The simplest solution is indeed to take N random values and divide by the sum.
A more generic solution is to use the Dirichlet distribution
which is available in numpy.
By changing the parameters of the distribution you can change the “randomness” of individual numbers
>>> import numpy as np, numpy.random
>>> print np.random.dirichlet(np.ones(10),size=1)
[[ 0.01779975 0.14165316 0.01029262 0.168136 0.03061161 0.09046587
0.19987289 0.13398581 0.03119906 0.17598322]]

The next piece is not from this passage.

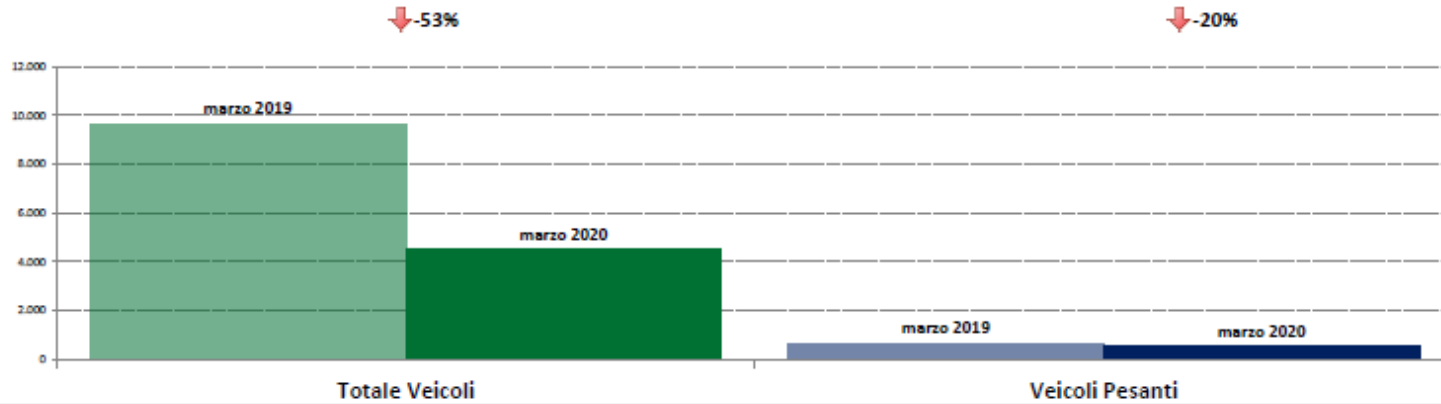

Campania

ANAS SpA - Dati di traffico mensili - Confronto Anno Precedente

marzo 2020

IMR Veicoli Totali e IMR Pesanti Confronti: marzo 2020 vs marzo 2019

>>> print np.random.dirichlet(np.ones(10)/1000.,size=1)
[[ 2.63435230e-115 4.31961290e-209 1.41369771e-212 1.42417285e-188
0.00000000e+000 5.79841280e-143 0.00000000e+000 9.85329725e-005
9.99901467e-001 8.37460207e-246]]
>>> print np.random.dirichlet(np.ones(10)*1000.,size=1)
[[ 0.09967689 0.10151585 0.10077575 0.09875282 0.09935606 0.10093678
0.09517132 0.09891358 0.10206595 0.10283501]]
Depending on the main parameter the Dirichlet distribution will either give vectors where all the values are close to 1./N where N is the length of the vector, or give vectors where most of the values of the vectors will be ~0 , and there will be a single 1, or give something in between those possibilities.
EDIT (5 years after the original answer): Another useful fact about the Dirichlet distribution is that you naturally get it, if you generate a Gamma-distributed set of random variables and then divide them by their sum.